Neural Embedding: Learning the Embedding of the Manifold of Physics Data
This addresses the challenge of extracting physically meaningful representations from complex high-dimensional datasets in collider physics, offering a novel quantification method for anomaly detection.
The paper tackles the problem of embedding physics data manifolds with metric structure into lower-dimensional Euclidean or hyperbolic spaces, demonstrating that this approach learns latent structure in simulated Large Hadron Collider collisions and provides the first viable solution to quantify model-agnostic anomaly detection search capability.
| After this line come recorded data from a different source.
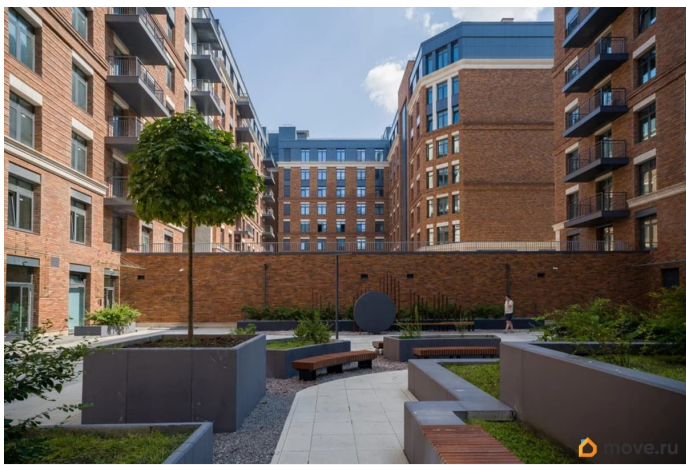

## Описание

Вид на яхты, воду и променад! Идеальная семейная квартира. Можно сделать 5 спален. Много окон, воздуха и света. Новый стильный дом в двух шага от Крестовского. Прислать Вам презентацию, где все 12 фото с планировкой? Напишите, позвоните, пожалуйста нам! Отличная квартира для дружной семьи. Планировка уже сейчас хороша и продумана. Включает в себя гостеприимный холл с гостевой ванной комнатой, мастер-спальню со своей ванной комнатой, отдельный детский блок, включающий в себя две спальни и еще одну спальня со своей большой ванной комнатой, которая может быть как гостевой спальней, так и кабинетом. Изюминка квартира — это просторная кухня-гостиная с видом на променад и яхты. Можно любоваться как видом на воду, так и на благоустроенную территорию комплекса. Детский сад является частью комплекса и расположен на закрытой, охраняемой и обособленной территории. Безопасность на высшем уровне. Надежная охрана, системы видеонаблюдения, контроля и управления доступом — все здесь призвано обеспечить Ваш покой и уединение. Купите и живите счастливо. Общая площадь 165 м + лоджия 5,2 м (приведенная площадь = 1,6 м). Стоимость за метр рассчитана включая приведенную площадь.
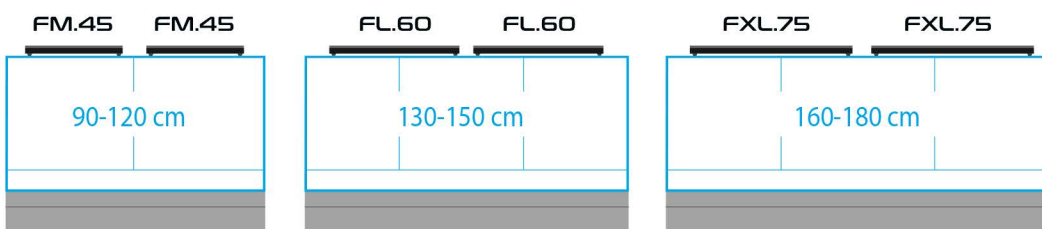

AANBEVELINGEN
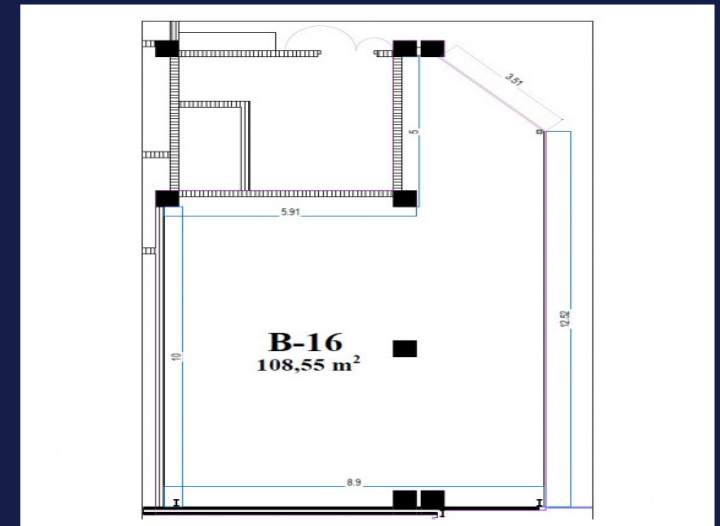

SPATIU COMERCIAL 108MP IN CENTRU
COMERCIAL DIN CLUJ NAPOCA
ID: P17819

DE INCHIRIAT

SPATIU COMERCIAL DE INCHIRIAT IN HYPERMARKET Cluj-Napoca

Supraf. utila: 108.55 m²
Pret: 2.171 €/luna

Supr. utila: 108.55
m²

Nr. incaperi: 1
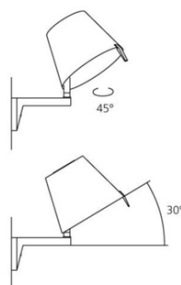

OPTIK

Lichtverteilung: Diffuse Und Direkte,direkt/indirekt Lichtverteilung

DIMENSION

Breite: cm 30
Höhe: cm 35
Breite: cm 23
Durchmesser Fuß: cm 10.5
Neigung: 30
Drehung: 4.5
Glühdranttest: 650 °

DIMENSION

OPTIK

Lichtverteilung: Diffuse Und Direkte,direkt/indirekt Lichtverteilung

DIMENSION

Breite: cm 30
Höhe: cm 35
Breite: cm 23
Durchmesser Fuß: cm 10.5
Neigung: 30
Drehung: 4.5
Glühdrahttest: 650 °

DIMENSION

OPTIK

Lichtverteilung: Diffuse Und Direkte,direkt/indirekt Lichtverteilung

DIMENSION

Breite: cm 30
 Höhe: cm 35
 Breite: cm 23
 Durchmesser Fuß: cm 10.5
 Neigung: 30
 Drehung: 4.5
 Glühdrantttest: 650 °

DIMENSION
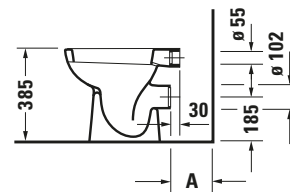

Stand WC

Basis Angaben

Langbezeichnung	Duravit D-Code Stand WC, 480 mm, Weiß Hochglanz, Tiefspüler, Spülrand: halb offen, 6 l, Abgang: waagrecht – 2108090000
-----------------	--

Beschreibungstexte

Ausschreibungstext	Duravit D-Code Stand WC Weiß Hochglanz 480 mm, Designer: sieger design, Spülform: Tiefspüler, Spülrand: halb offen, Sanitärkeramik, Bodenstehend, Abgang: waagrecht, Für variablen Wasserzulauf, Große Spülwassermenge: 6 l, Unified Water Label (UWL) Klasse: 2, CE-Kennzeichen-1: EN 997, EAN Nr.: 4021534344244, Artikelgewicht: 15,4 kg, Abmessungen (Breite / Länge x Tiefe / Breite x Höhe): 350 x 480 x 385 mm, Artikel Nr.: 2108090000
--------------------	--

Spezifikationen

Farbe	
Farbwert	Weiß
Innenfarbe	Weiß
Außenfarbe	Weiß
Glanzgrad	Hochglanz
Glanzgrad Innen	Hochglanz
Glanzgrad Außen	Hochglanz
Spülung	
Spülform	Tiefspüler
Spülrand	halb offen
Unified Water Label (UWL) Klasse	2
Große Spülwassermenge	6 l
Ablauf	
Abgang	waagrecht
Relevante Zertifikate	
Unified Water Label (UWL) Klasse	2

Weitere Informationen finden Sie hier

<https://pro.duravit.de/p/2108090000>
Logistik

Artikelgewicht	15,4 kg
----------------	---------

Passende Produkte

Passende Artikel	
	WC-Sitz # 0067310000 D-Code
	WC-Sitz # 0067390000 D-Code
	Anschluss-Set # 0014220000 Universal
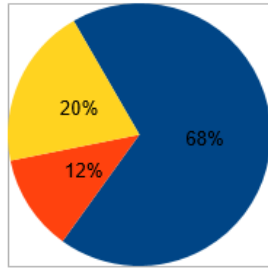

RETOUR SONDAGE ECOLE DE JOUR JANVIER 20

- N'UTILISENT PAS L'ECOLE DE JOUR
- SOUHAITENT LE MAINTIEN JUSQU'A 17H30
- SOUHAITENT PROLONGER JUSQU'A 18H00

USAGERS DE L'ECOLE DE JOUR

- SOUHAITENT LE MAINTIEN JUSQU'A 17H30
- SOUHAITENT PROLONGER JUSQU'A 18H00
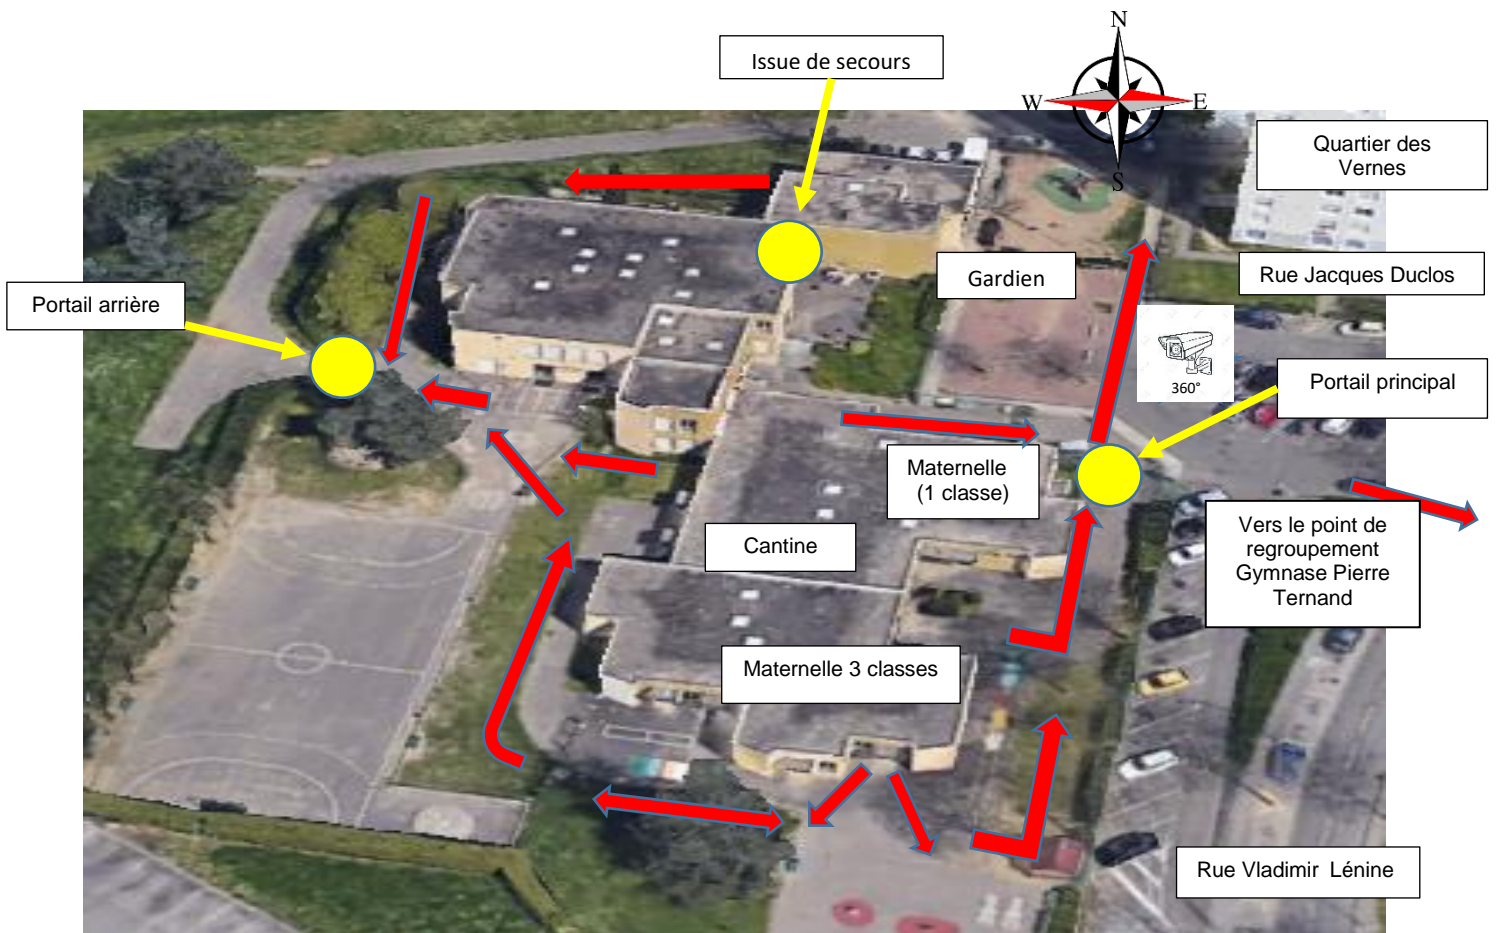

Plan d'évacuation extérieure

(Itinéraire d'évacuation et de fuite en rouge)

Exemple

Vers le Point de regroupement
Square Léon Blum

Vers le Point de regroupement
Stade Paul Bernard

Légende

Caméra de vidéo-protection/surveillance reliée au CSU de Bron de la police municipale (vision 360°)

Chemins d'évacuation possibles

Portails et issues de secours/sortie

In this paper, we present a method of embedding physics data manifolds with metric structure into lower dimensional spaces with simpler metrics, such as Euclidean and Hyperbolic spaces. We then demonstrate that it can be a powerful step in the data analysis pipeline for many applications. Using progressively more realistic simulated collisions at the Large Hadron Collider, we show that this embedding approach learns the underlying latent structure. With the notion of volume in Euclidean spaces, we provide for the first time a viable solution to quantifying the true search capability of model agnostic search algorithms in collider physics (i.e. anomaly detection). Finally, we discuss how the ideas presented in this paper can be employed to solve many practical challenges that require the extraction of physically meaningful representations from information in complex high dimensional datasets.